An aqueous solution of 6.3g oxalic acid dihydrate is made up to 250 ml...
Calculation of Volume of NaOH Required to Neutralize the Solution
Given:Mass of oxalic acid dihydrate = 6.3g
Volume of solution = 250 ml
Concentration of NaOH = 0.1N
Volume of solution to be neutralized = 10 ml
Formula:Moles of oxalic acid dihydrate = (mass of oxalic acid dihydrate) / (molar mass of oxalic acid dihydrate)
Moles of NaOH = (concentration of NaOH) x (volume of NaOH used in liters)
Moles of oxalic acid dihydrate = moles of NaOH (at equivalence point)

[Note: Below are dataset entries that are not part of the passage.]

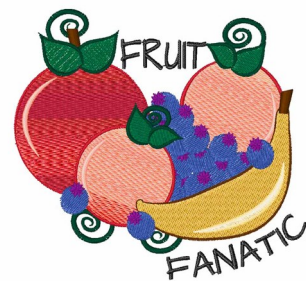

Name: Fruit Fanatic Machine Embroidery Design

SKU: WD02-JLA002821C

Brand: Windmill Designs

Unique Colors: 13 (24 color Stops)

Unique Colors

	Color Name (Color Code)	Manufacturer - Type
	Super White (1001) [No Color Selected]	madeira - rayon
	Dusty Lilac (1263) [No Color Selected]	madeira - rayon
	Crocus (286)	Exquisite - Polyester 1000m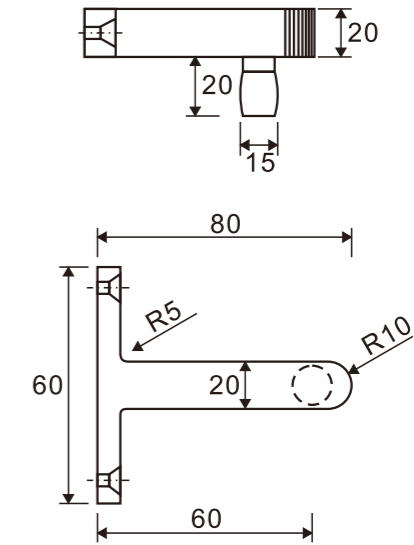

PV002
Pivot

- 1、 Material: Stainless steel 304 or 316
- 2、 Finishing: Polished , Satin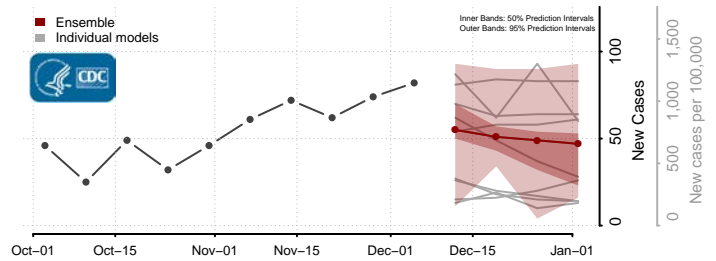

Douglas County, Kansas

Franklin County, Kansas

Geary County, Kansas

Gove County, Kansas

Graham County, Kansas

Grant County, Kansas

Gray County, Kansas

Greeley County, Kansas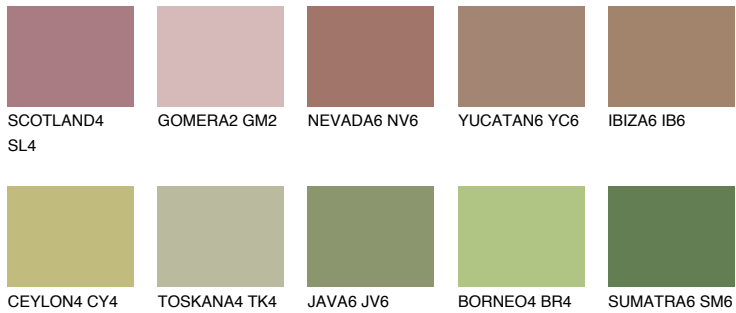

COLOUR DETAILS

PAMPA6 PM6

☀ 25% **TSR 42%**

Matching colours

COLOURS

INTENSE

For more information on plasters and paints, go to www.ceresit.it

*The presented colours refer to plasters and paints offered by Ceresit. Due to the use of digital techniques, the presented colours might not represent the original ones, thus they cannot be considered as a reliable colour presentation. We recommend checking the authentic colour samples.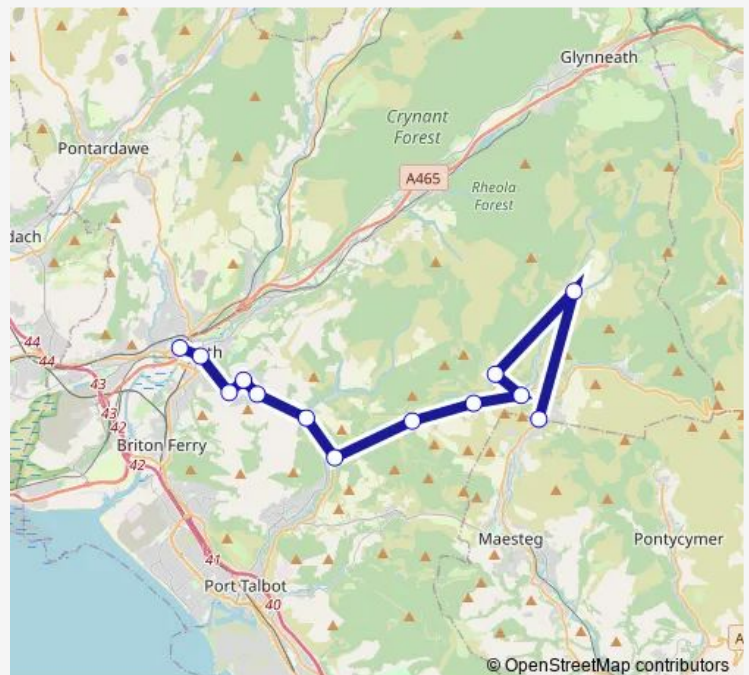

### Route schedule

Croeserw Club — Neath College

Monday 07:12

Tuesday 07:12

Wednesday 07:12

Thursday 07:12

Friday 07:12

Saturday —

### Route info

Direction: Croeserw Club

Stops: 13

Trip Duration: 1 hour 15 min

908 — Croeserw - Neath College via Pontrhydyfen

908 Bus time schedules and route maps are available in an offline PDF at [busmaps.com](https://busmaps.com). Use the [busmaps.com](https://busmaps.com) website to see live bus times, train schedule or subway schedule, and step-by-step directions for all public transit in Port Talbot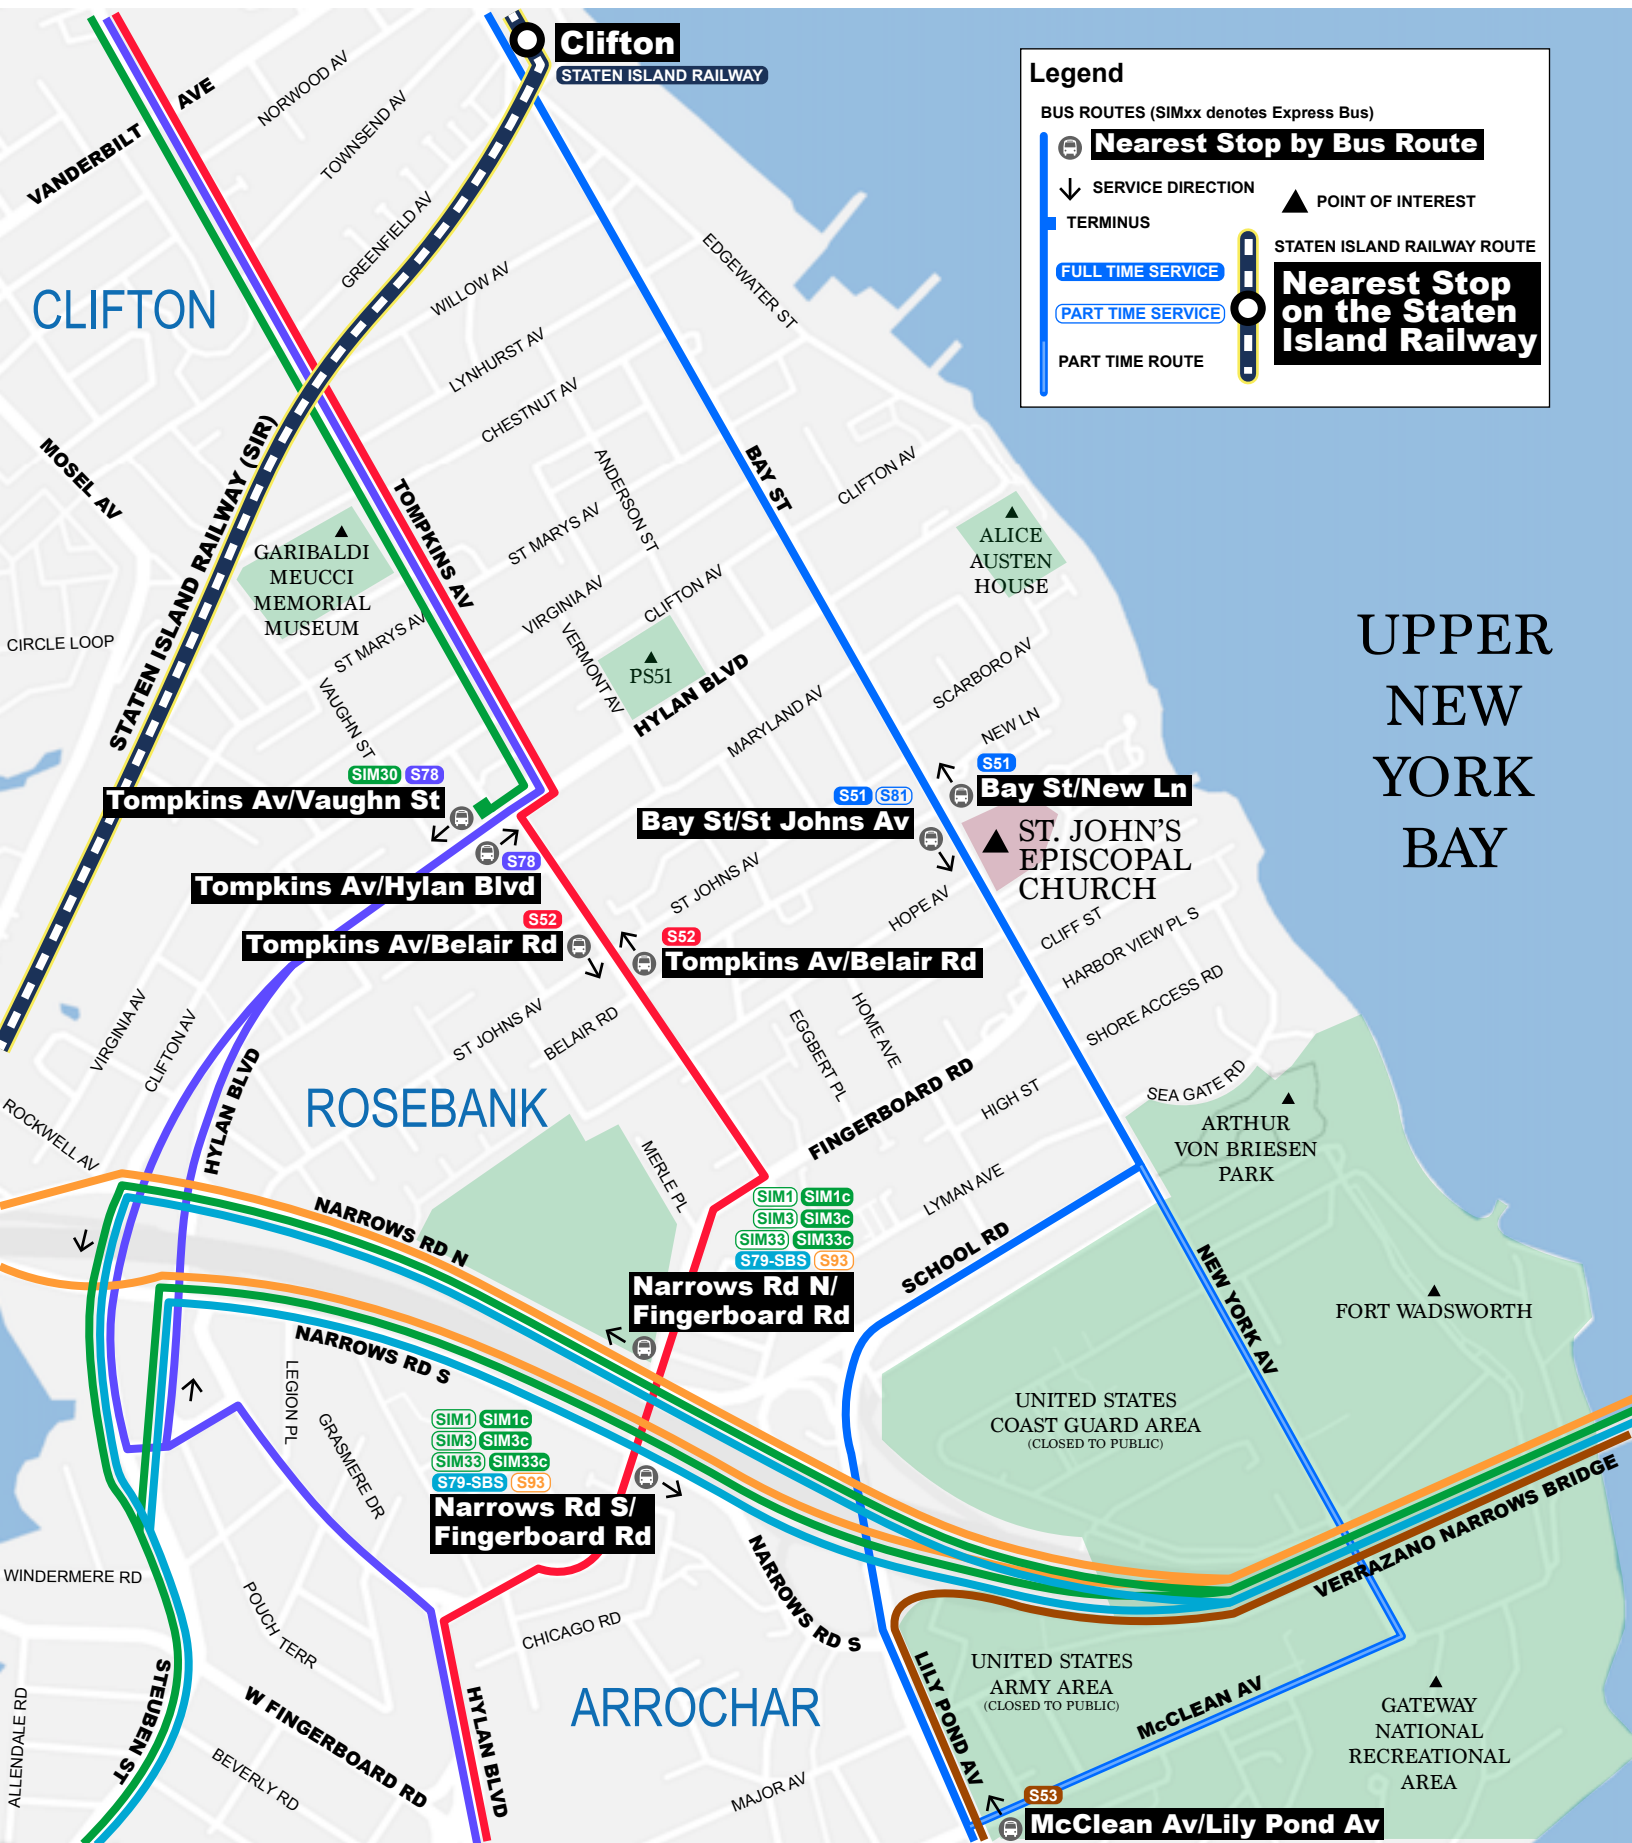

# BUS/SIR ROUTES IN ROSEBANK/CLIFTON FOR ST. JOHN'S EPISCOPAL CHURCH

ST. JOHN'S EPISCOPAL CHURCH  
1333 Bay St., Staten Island, NY 10305

- S51** St. George - Tompkinsville - Stapleton - Clifton - Rosebank - Arrochar - (Fort Wadsworth; *Limited Service*) - South Beach - Midland Beach - Grant City
- S81** (*Limited Service: Weekdays 4:30 PM to 9:00 PM*) St. George - Tompkinsville - Stapleton - Clifton - Rosebank - Fort Wadsworth - South Beach - Midland Beach - Grant City
- S52** St. George - New Brighton - Stapleton - Rosebank - Arrochar - South Beach - Staten Island University Hospital North
- S53** Bay Ridge (Brooklyn) - Fort Hamilton - Arrochar - Grasmere - Emerson Hill - Sunnyside - Castleton Corners - Port Richmond
- S78** St. George - Tompkinsville - Stapleton - Clifton - Arrochar - Grasmere - New Dorp - Eltingville - Huguenot - Prince's Bay - Tottenville - Bricktown Mall (Charleston)
- S79-SBS** (*Select Bus Service*) Bay Ridge (Brooklyn) - Arrochar - Grasmere - Old Town - Dongan Hills - Midland Beach - New Dorp - Great Kills - Eltingville - Staten Island Mall
- S93** (*Limited Service: Weekdays only*) Bay Ridge (Brooklyn) - Arrochar - Sunnyside - Castleton Corners - Willowbrooke - College of Staten Island (CSI)
- SIM1 SIM1c SIM3 SIM3c SIM30 SIM33 SIM33c** (*SIM1, SIM3, SIM30, SIM33: Weekday rush-hours only*) Midtown (Manhattan) - EXPRESS - Staten Island
- STATEN ISLAND RAILWAY** St. George - Tottenville; First three cars only to St. George

### Legend

**BUS ROUTES (SIMxx denotes Express Bus)**

- Nearest Stop by Bus Route**
- SERVICE DIRECTION
- TERMINUS
- FULL TIME SERVICE
- PART TIME SERVICE
- PART TIME ROUTE
- POINT OF INTEREST
- STATEN ISLAND RAILWAY ROUTE
- Nearest Stop on the Staten Island Railway**

**Bay St/St Johns Av**

**Tompkins Av/Belair Rd**

**Tompkins Av/Vaughn St**

**Narrows Rd S/ Fingerboard Rd**

**McClean Av/Lily Pond Av**

UNITED STATES ARMY AREA (CLOSED TO PUBLIC)

UNITED STATES COAST GUARD AREA (CLOSED TO PUBLIC)

Calculation:Molar mass of oxalic acid dihydrate = molar mass of oxalic acid + 2 x molar mass of water
Molar mass of oxalic acid dihydrate = (2 x 1) + (2 x 16) + 2 x [1 + (2 x 16)]

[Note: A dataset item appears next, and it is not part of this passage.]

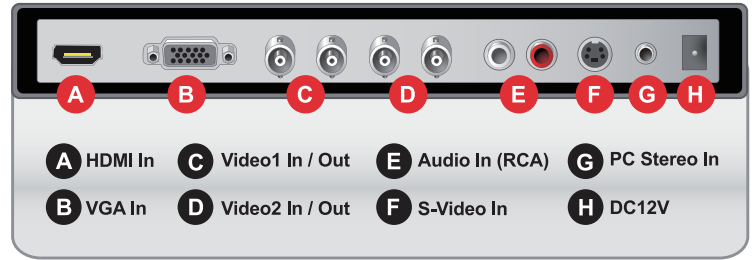

INPUT INTERFACE

Molar mass of oxalic acid dihydrate = 126 g/mol
Moles of oxalic acid dihydrate = (6.3g) / (126 g/mol) = 0.05 mol
At equivalence point, moles of NaOH = moles of oxalic acid dihydrate
Therefore, moles of NaOH = 0.05 mol
Moles of NaOH = (concentration of NaOH) x (volume of NaOH used in liters)
Volume of NaOH used in liters = moles of NaOH / concentration of NaOH
Volume of NaOH used in liters = 0.05 mol / 0.1N = 0.5 L
Volume of NaOH used in 10 ml of solution = (0.5 L / 250 ml) x 10 ml = 0.02 ml
Therefore, the volume of NaOH required to completely neutralize 10 ml of this solution is 0.02 ml.